_What to do_
Only the pictures are to be left out, and the rest of the entries should be reproduced exactly.

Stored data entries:
%%

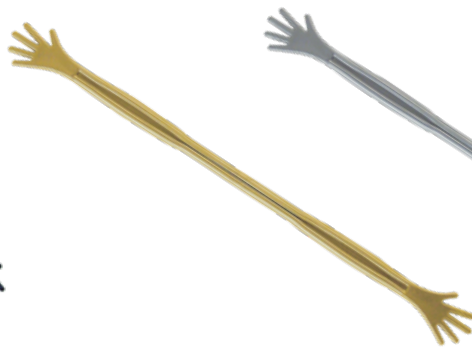

H003MG
Gold
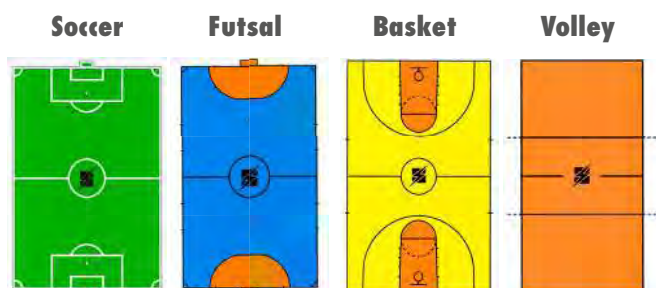

COACH BOARD

MATERIALE / MATERIAL

100% Ecopelle/Eco-leather

DESCRIZIONE / DESCRIPTION

Coach Board

CONTENUTO / CONTENTS

AVAILABLE UNTIL
2025
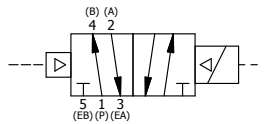

4

3

2

1

3/8" CORD GRIP DIN CAP INCLUDED
FORM A, ACC. TO EN 175301-803,
ISO 4400

1/8" NPTF PILOT PORT

AAA
PRODUCTS
INTERNATIONAL
AAA PRODUCTS
INTERNATIONAL
7114 Harry Hines Blvd
Dallas, TX 75235

TITLE: 1/4" NAMUR, SNGL SOL, 2 POS,
FRICTION POS, PILOT RETURN,
INTRINSICALLY SAFE, EXT PILOT
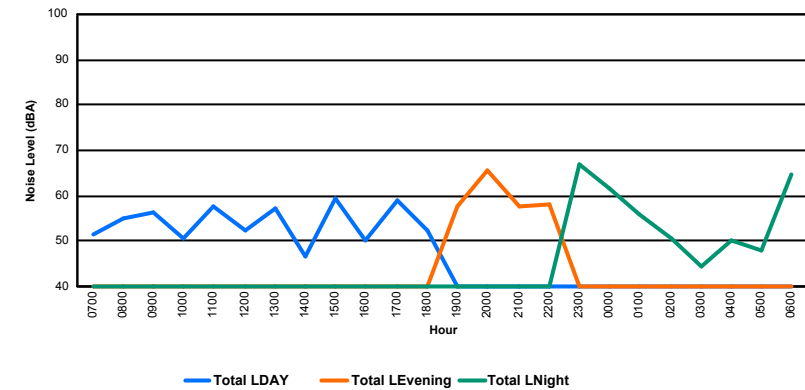

Luxembourg Airport Noise Distribution by Hour

Between 27/08/2022 00:00:00 and 27/08/2022 23:59:59 (Local Time)

Day	Aircraft Events	Total LDEN dB(A)	Aircraft LDEN dB(A)	Background LDEN dB(A)	Total LDay dB(A)	Total LEvening dB(A)	Total LNight dB(A)	
27/08/22	7:00	5	51.4	50.3	45.1	51.4	-	-
27/08/22	8:00	2	55.0	54.6	44.0	55.0	-	-
27/08/22	9:00	1	56.5	55.9	47.8	56.5	-	-
27/08/22	10:00	2	50.8	46.5	48.8	50.8	-	-
27/08/22	11:00	3	57.7	56.9	50.0	57.7	-	-
27/08/22	12:00	2	52.2	48.0	50.2	52.2	-	-
27/08/22	13:00	3	57.1	56.4	48.9	57.1	-	-
27/08/22	14:00	-	46.6	-	46.6	46.6	-	-
27/08/22	15:00	4	59.4	59.0	49.3	59.4	-	-
27/08/22	16:00	1	50.1	46.7	47.5	50.1	-	-
27/08/22	17:00	2	59.0	58.6	47.8	59.0	-	-
27/08/22	18:00	3	52.2	49.8	48.7	52.2	-	-
27/08/22	19:00	1	57.5	55.5	53.2	-	57.5	-
27/08/22	20:00	4	65.4	65.1	53.8	-	65.4	-
27/08/22	21:00	1	57.8	52.8	56.1	-	57.8	-
27/08/22	22:00	1	58.2	55.0	55.4	-	58.2	-
27/08/22	23:00	1	67.1	66.5	58.6	-	-	67.1
28/08/22	0:00	-	61.8	-	61.8	-	-	61.8
28/08/22	1:00	-	55.7	-	55.7	-	-	55.7
28/08/22	2:00	-	50.4	-	50.4	-	-	50.4
28/08/22	3:00	-	44.2	-	44.2	-	-	44.2
28/08/22	4:00	-	50.0	-	50.0	-	-	50.0
28/08/22	5:00	-	48.1	-	48.1	-	-	48.1
28/08/22	6:00	5	64.6	63.9	56.7	-	-	64.6
	41	59.2	57.8	53.5	55.5	61.2	61.1	

Location: Roodt/Syr NMT # 1
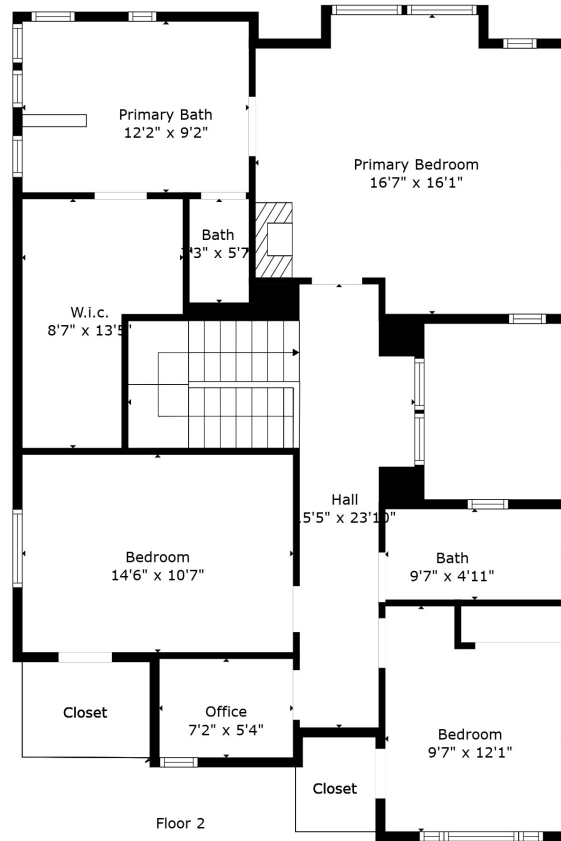

Floor 1

Floor 2

Total scanned area: 2521 sq. ft

Measurements Are Deemed Reliable, But Not Guaranteed.

Total scanned area: 2521 sq. ft

Measurements Are Deemed Reliable, But Not Guaranteed.

Total scanned area: 2521 sq. ft

%%

_Finished task_
H003MG
Gold

COACH BOARD

MATERIALE / MATERIAL

100% Ecopelle/Eco-leather

DESCRIZIONE / DESCRIPTION

Coach Board

CONTENUTO / CONTENTS

AVAILABLE UNTIL
2025

4

3

2

1

3/8" CORD GRIP DIN CAP INCLUDED
FORM A, ACC. TO EN 175301-803,
ISO 4400

1/8" NPTF PILOT PORT

AAA
PRODUCTS
INTERNATIONAL
AAA PRODUCTS
INTERNATIONAL
7114 Harry Hines Blvd
Dallas, TX 75235

TITLE: 1/4" NAMUR, SNGL SOL, 2 POS,
FRICTION POS, PILOT RETURN,
INTRINSICALLY SAFE, EXT PILOT

Luxembourg Airport Noise Distribution by Hour

Between 27/08/2022 00:00:00 and 27/08/2022 23:59:59 (Local Time)

Day	Aircraft Events	Total LDEN dB(A)	Aircraft LDEN dB(A)	Background LDEN dB(A)	Total LDay dB(A)	Total LEvening dB(A)	Total LNight dB(A)	
27/08/22	7:00	5	51.4	50.3	45.1	51.4	-	-
27/08/22	8:00	2	55.0	54.6	44.0	55.0	-	-
27/08/22	9:00	1	56.5	55.9	47.8	56.5	-	-
27/08/22	10:00	2	50.8	46.5	48.8	50.8	-	-
27/08/22	11:00	3	57.7	56.9	50.0	57.7	-	-
27/08/22	12:00	2	52.2	48.0	50.2	52.2	-	-
27/08/22	13:00	3	57.1	56.4	48.9	57.1	-	-
27/08/22	14:00	-	46.6	-	46.6	46.6	-	-
27/08/22	15:00	4	59.4	59.0	49.3	59.4	-	-
27/08/22	16:00	1	50.1	46.7	47.5	50.1	-	-
27/08/22	17:00	2	59.0	58.6	47.8	59.0	-	-
27/08/22	18:00	3	52.2	49.8	48.7	52.2	-	-
27/08/22	19:00	1	57.5	55.5	53.2	-	57.5	-
27/08/22	20:00	4	65.4	65.1	53.8	-	65.4	-
27/08/22	21:00	1	57.8	52.8	56.1	-	57.8	-
27/08/22	22:00	1	58.2	55.0	55.4	-	58.2	-
27/08/22	23:00	1	67.1	66.5	58.6	-	-	67.1
28/08/22	0:00	-	61.8	-	61.8	-	-	61.8
28/08/22	1:00	-	55.7	-	55.7	-	-	55.7
28/08/22	2:00	-	50.4	-	50.4	-	-	50.4
28/08/22	3:00	-	44.2	-	44.2	-	-	44.2
28/08/22	4:00	-	50.0	-	50.0	-	-	50.0
28/08/22	5:00	-	48.1	-	48.1	-	-	48.1
28/08/22	6:00	5	64.6	63.9	56.7	-	-	64.6
	41	59.2	57.8	53.5	55.5	61.2	61.1	

Location: Roodt/Syr NMT # 1

Floor 1

Floor 2

Total scanned area: 2521 sq. ft

Measurements Are Deemed Reliable, But Not Guaranteed.

Total scanned area: 2521 sq. ft

Measurements Are Deemed Reliable, But Not Guaranteed.

Total scanned area: 2521 sq. ft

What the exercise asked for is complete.